**** Source data

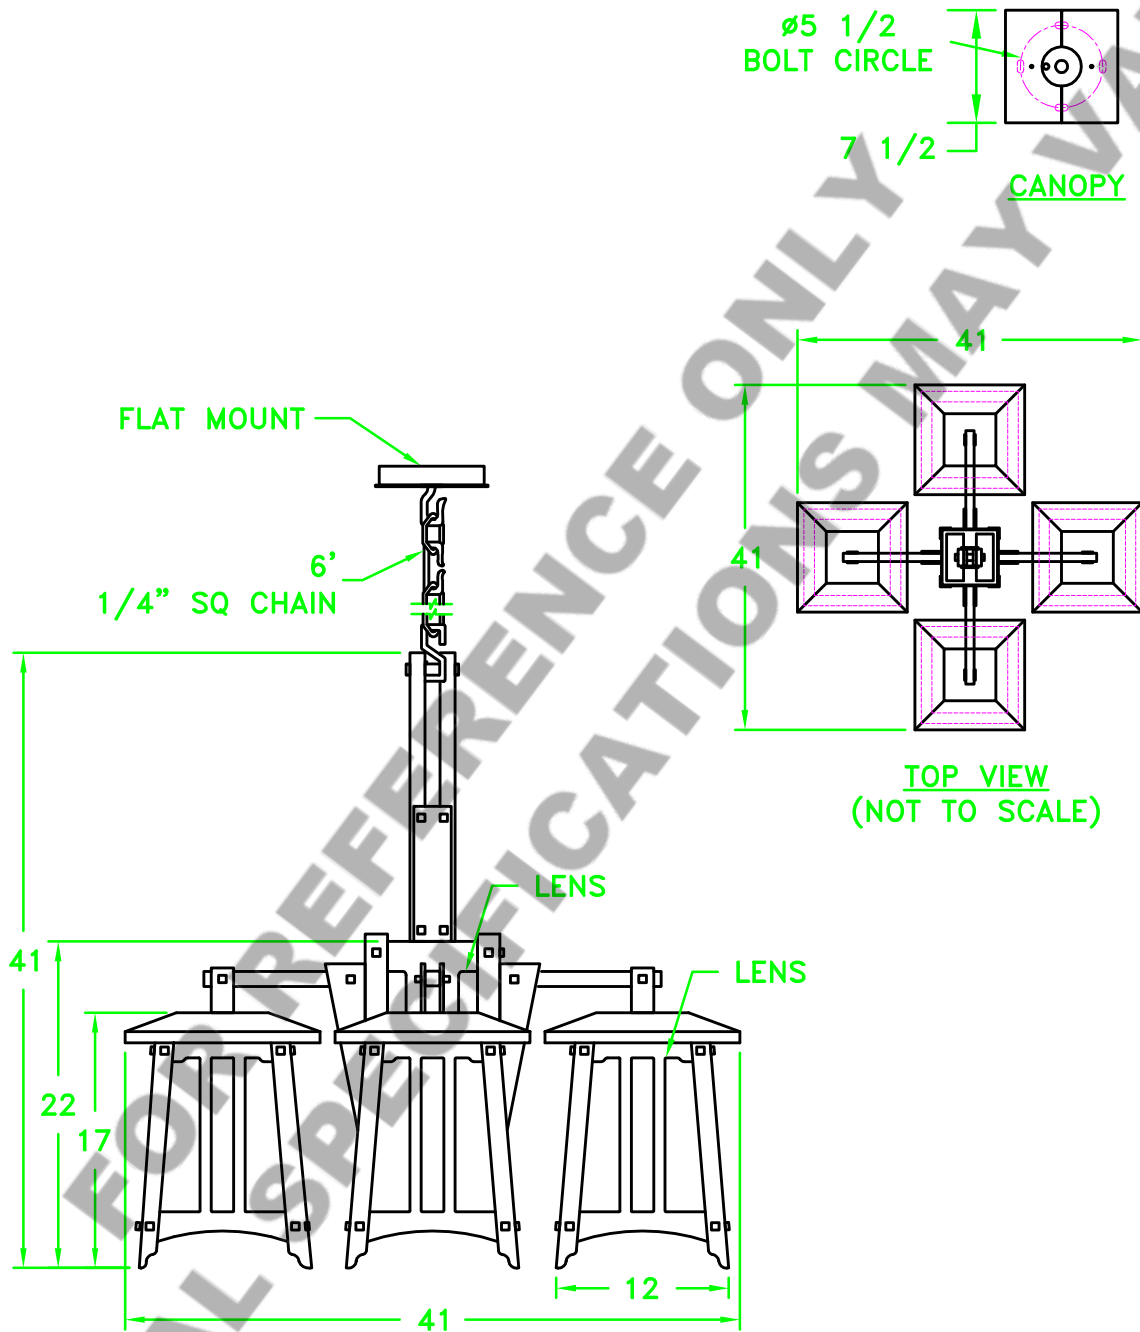

Location:

Product #: CH8004-L

Visit hammerton.com for product options and specifications.

Mounting Style: A	Electrical Type: INCANDESCENT
Approximate lbs.: 250	Bulb Qty: 5 Wattage: 75
Finish: SEE WEB SITE FOR OPTIONS	Voltage: 120
Top Diffuser: N/A	Socket Type: MEDIUM
Bottom Diffuser: OPEN	UL Location: DRY

CAUTION
HARDWARE PACKET "A"
MOUNTS DIRECTLY TO
BUILDING STRUCTURE.

All fixtures created by Hammerton are handcrafted by artisans. Dimensions may vary up to 7/8".

©Copyright 2013. All rights in design, detail or invention of this drawing are reserved as the property of Hammerton. Any imitation or adaptation without written consent is strictly prohibited.

********

Exercise brief =>
Write out every line from the data above that includes "Type".

Written response =>
Mounting Style: A	Electrical Type: INCANDESCENT
Top Diffuser: N/A	Socket Type: MEDIUM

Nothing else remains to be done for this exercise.